Regards, Marek Novotny
On Wed, Feb 14, 2018 at 11:17 AM, Lucien Fregosi notifications@github.com wrote:
Is it planned to add an integration with Spark Streaming ? It could be useful to be able to apply some lineage for batch and streaming data
— You are receiving this because you are subscribed to this thread. Reply to this email directly, view it on GitHub https://github.com/AbsaOSS/spline/issues/16, or mute the thread https://github.com/notifications/unsubscribe-auth/ADgR_QjvZzXZ2-7s9S3lDAsjIW4qH5Qfks5tUrLWgaJpZM4SFE7m .
Perfect :)
I'm writing a blog post about Spline after testing it (in french first, maybe in english later) i will be able to provide this information in my post.
@lucienfregosi Hi, we have some basic support in version 0.3 but disabled at the moment. I will be working on full support including structured streaming now as highest priority. Deadline will be end of August.
@lucienfregosi we will not support the old streaming using RDDs at the moment. Any issues for u to switch to structured streaming instead which will be supported? It seems to be treated as successor of old streaming.
We are withdrawing streaming support from Spline 0.4 as it was not implemented properly. Streaming is not a priority for us at the moment. We'll return to it later.
A test case - AbsaOSS/spline#331
Hi @wajda , May I confirm that the Structured Streaming is not supported such as writeStream API? Thanks
No, streaming is not supported due to fundamental problems with the definition and representation of data lineage in context of streaming. The topic remains unclear.
Hi @wajda No problem, thanks for the confirmation.
Hello Everyone, We have been investigating spline and spark structured streaming. We have been able to implement spline-agent for spark structured streaming using spark’s StreamingQueryListener, in a similar way as is described here: https://absaoss.github.io/spline/2018/10/04/Spline-Data-Lineage-For-Structured-Streaming.html (9:02 - 11:23). Code for our POC can be found here: https://github.com/jozefbakus/spline-spark-agent/pull/1
Along the way we came across one major problem, linking. Linking in terms of connecting streaming parent-child lineages. Currently, time linking is used: https://absaoss.github.io/spline/2018/10/04/Spline-Data-Lineage-For-Structured-Streaming.html (18:33 - 20:14). Time linking is not sufficient for streaming jobs. We are trying to find a suitable type of linking for streaming jobs. One of the solutions might be using kafka offsets similar way as described here: https://absaoss.github.io/spline/2018/10/04/Spline-Data-Lineage-For-Structured-Streaming.html (20:14 - 22:15).
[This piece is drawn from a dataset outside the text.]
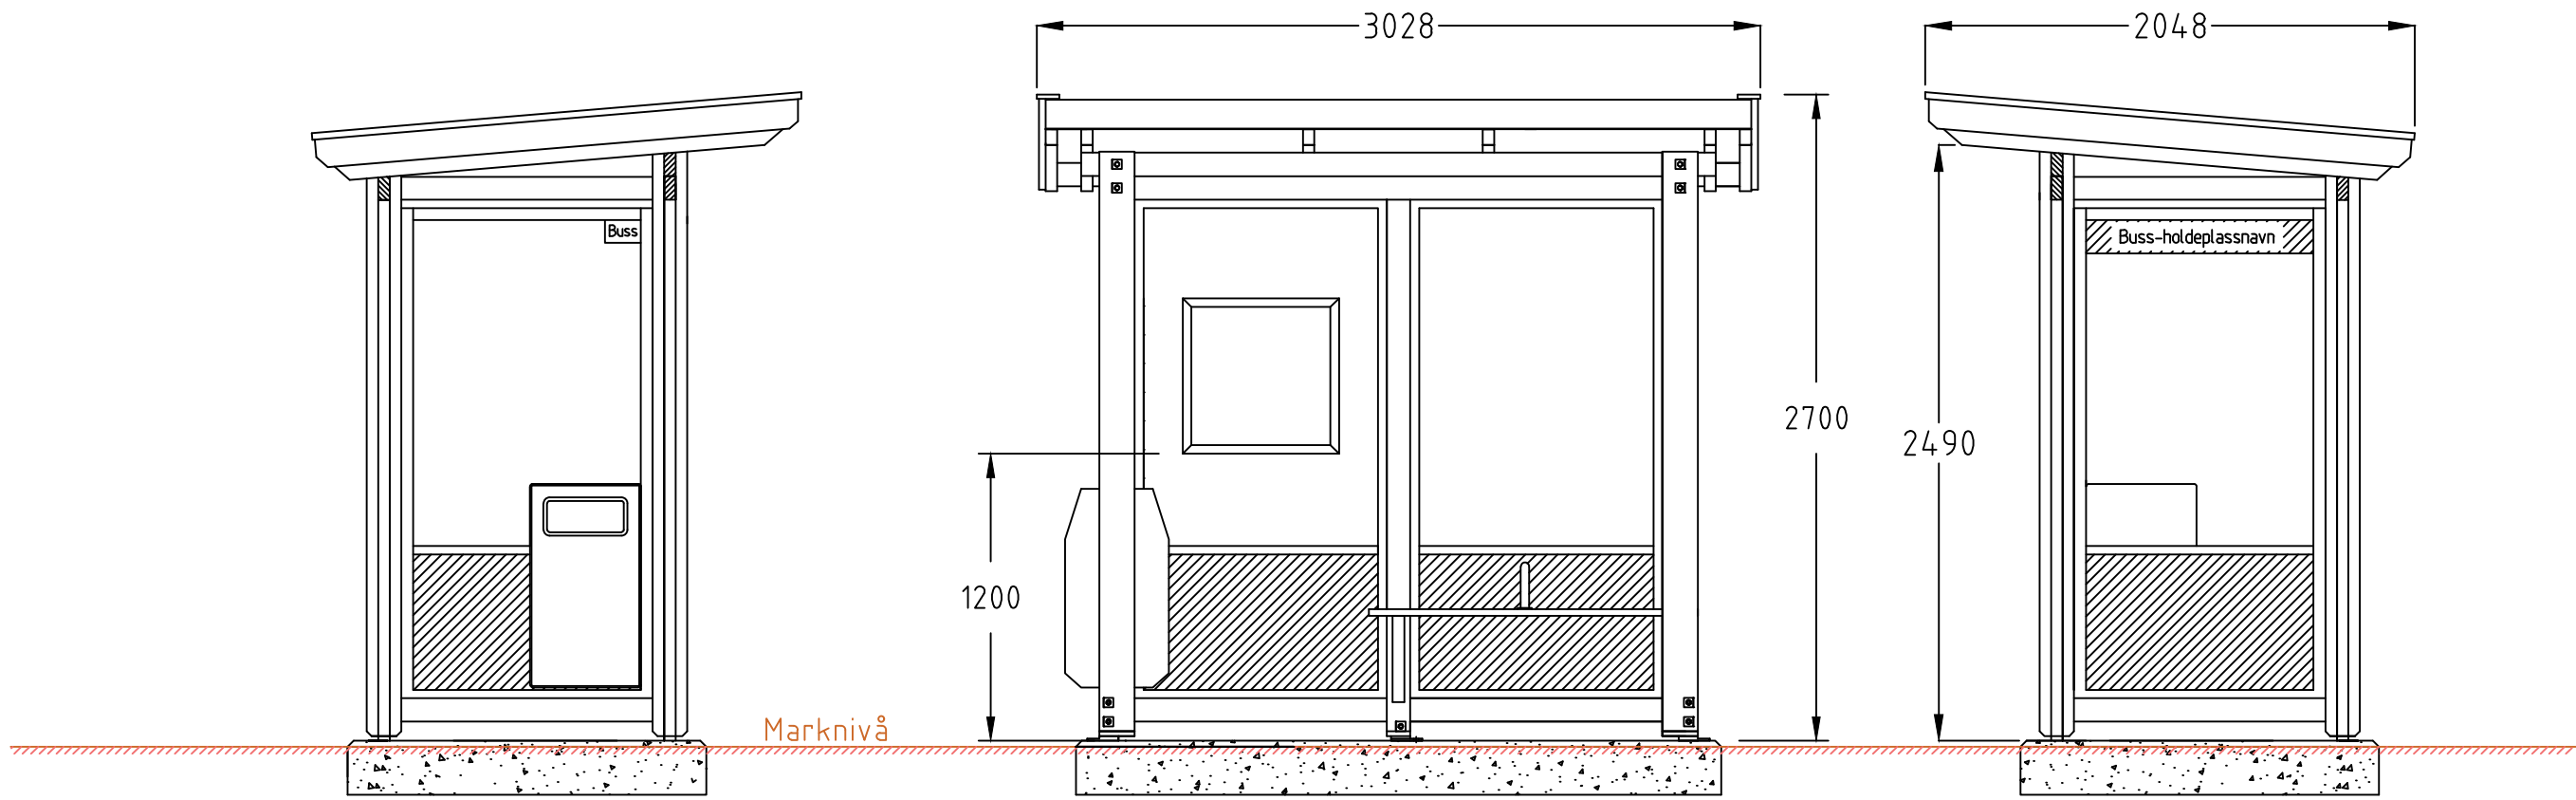

REVISIONS					
ZONE	REV	DESCRIPTION	DATE	DRAWN	APPROVED

NORFAX	Tremiljø-serien er utviklet av Norfax AS. Alle rettigheter til produktet i Norge tilligger Norfax AS. Enhver bruk eller kopiering av tegninger kan kun skje etter avtale med Norfax AS.	BESKRIVELSE: Tremiljø Pulltak Rapid (2 felt) - 3028 x 2048 -	MÅL: MM -	DWG NO. -	DATO. 29.08.2024	VEKT: - kg	REV -
			SKALA: 1:30	ART. NR: 1120028	MATERIALE: -	SIDE -

To be able to link parent-child lineages, source and destination offsets (read and write offsets) are required. Spark gives us source offsets out of the box, the problem lies in destination offsets. Spark does not provide information about what offsets data was written to. Getting destination offsets in a nice, pluggable way is our current issue that we are trying to resolve before we can move forward.
Using read/write offsets linking might not be the only way, so we are also investigating different types of lineage linking.
The Spark Streaming support has been deprioritized, so I'm removing this feature from the active backlog.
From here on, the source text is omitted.